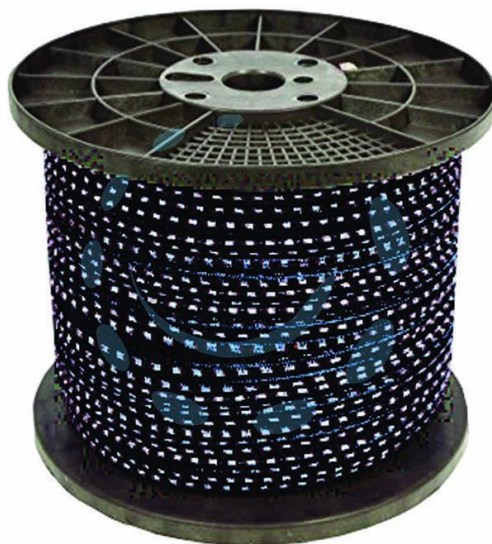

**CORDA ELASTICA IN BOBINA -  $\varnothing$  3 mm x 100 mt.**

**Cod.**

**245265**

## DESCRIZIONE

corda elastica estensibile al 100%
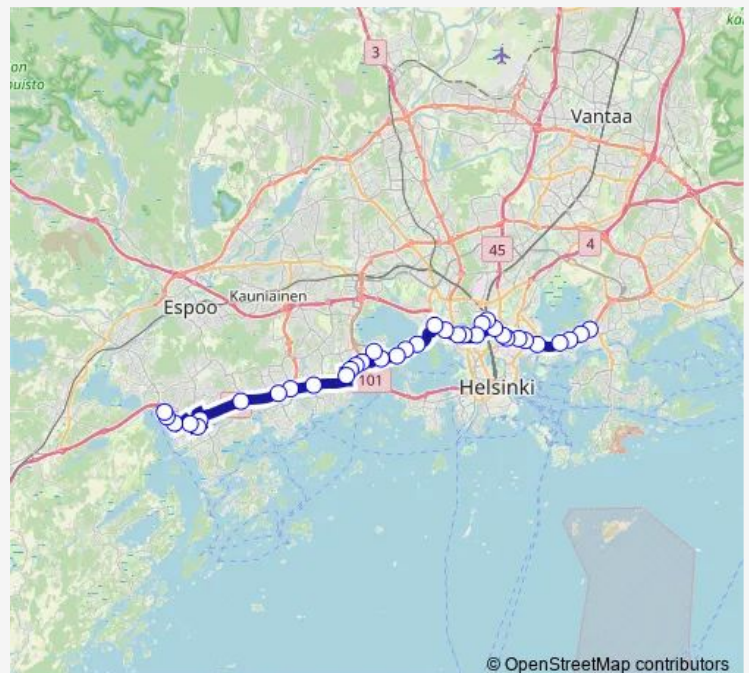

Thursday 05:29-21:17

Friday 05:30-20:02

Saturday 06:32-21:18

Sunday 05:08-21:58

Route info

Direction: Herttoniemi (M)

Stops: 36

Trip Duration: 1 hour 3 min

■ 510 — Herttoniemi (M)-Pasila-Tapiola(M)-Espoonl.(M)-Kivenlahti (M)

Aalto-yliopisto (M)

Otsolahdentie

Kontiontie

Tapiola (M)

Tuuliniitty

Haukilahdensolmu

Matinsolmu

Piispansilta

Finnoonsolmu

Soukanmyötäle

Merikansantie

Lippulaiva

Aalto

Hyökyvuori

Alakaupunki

...

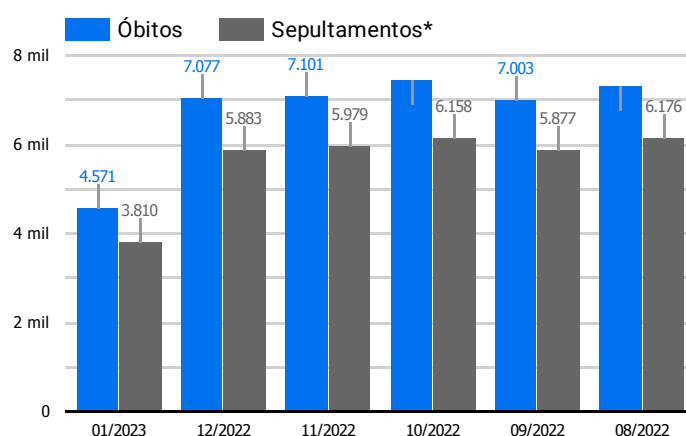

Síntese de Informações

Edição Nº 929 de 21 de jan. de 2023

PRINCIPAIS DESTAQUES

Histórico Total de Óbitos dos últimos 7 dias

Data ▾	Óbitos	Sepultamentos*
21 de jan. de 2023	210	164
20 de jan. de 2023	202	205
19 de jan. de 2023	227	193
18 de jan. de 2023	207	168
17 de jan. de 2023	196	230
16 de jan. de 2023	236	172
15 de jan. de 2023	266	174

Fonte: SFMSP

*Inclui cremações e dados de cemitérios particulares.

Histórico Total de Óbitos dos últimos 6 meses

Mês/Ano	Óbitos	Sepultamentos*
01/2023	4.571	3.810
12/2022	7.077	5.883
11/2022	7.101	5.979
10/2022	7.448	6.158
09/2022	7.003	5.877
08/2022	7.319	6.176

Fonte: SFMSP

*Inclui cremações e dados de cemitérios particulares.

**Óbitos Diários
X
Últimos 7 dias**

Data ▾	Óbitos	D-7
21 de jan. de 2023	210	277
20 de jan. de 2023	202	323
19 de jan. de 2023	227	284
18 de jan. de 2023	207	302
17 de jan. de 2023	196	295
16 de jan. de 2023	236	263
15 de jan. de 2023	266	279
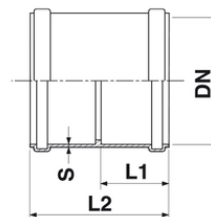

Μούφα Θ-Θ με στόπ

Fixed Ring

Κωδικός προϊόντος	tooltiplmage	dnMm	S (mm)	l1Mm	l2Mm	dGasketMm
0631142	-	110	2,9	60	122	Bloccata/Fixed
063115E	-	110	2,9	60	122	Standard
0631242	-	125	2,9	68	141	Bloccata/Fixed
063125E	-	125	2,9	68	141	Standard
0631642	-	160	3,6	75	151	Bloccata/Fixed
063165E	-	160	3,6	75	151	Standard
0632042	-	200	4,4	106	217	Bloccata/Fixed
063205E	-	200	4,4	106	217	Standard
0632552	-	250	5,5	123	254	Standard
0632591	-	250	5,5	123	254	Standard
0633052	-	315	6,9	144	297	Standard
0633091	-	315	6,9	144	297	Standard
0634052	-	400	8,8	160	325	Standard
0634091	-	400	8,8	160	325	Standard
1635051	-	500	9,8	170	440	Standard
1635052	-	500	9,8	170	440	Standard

* What the exercise asks
Print everything from the line with "x 100 mt.**" down to the line with "Trip Duration: 1 hour 3 min" in the entries above, both lines included and nothing more, without the pictures.

* Output for this exercise
**CORDA ELASTICA IN BOBINA -  $\varnothing$  3 mm x 100 mt.**

**Cod.**

**245265**

## DESCRIZIONE

corda elastica estensibile al 100%

Thursday 05:29-21:17

Friday 05:30-20:02

Saturday 06:32-21:18

Sunday 05:08-21:58

Route info

Direction: Herttoniemi (M)

Stops: 36

Trip Duration: 1 hour 3 min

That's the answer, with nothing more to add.